> **DATA EXCERPT**:

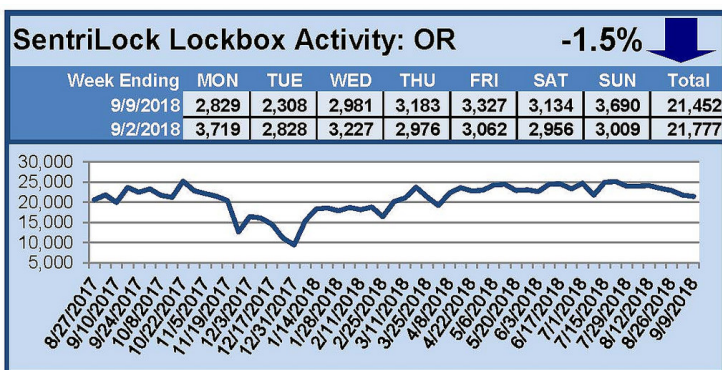

SentriLock Lockbox Activity September 3-9, 2018

This Week's Lockbox Activity

For the week of September 3-9, 2018, these charts show the number of times RMLS™ subscribers opened SentriLock lockboxes in Oregon and Washington. Activity in both Oregon and Washington decreased this week.

> **YOUR GOAL**: Work out how many lines of the data above contain the string "September" and give the number alone.

> **SOLUTION TO THIS TASK**: 2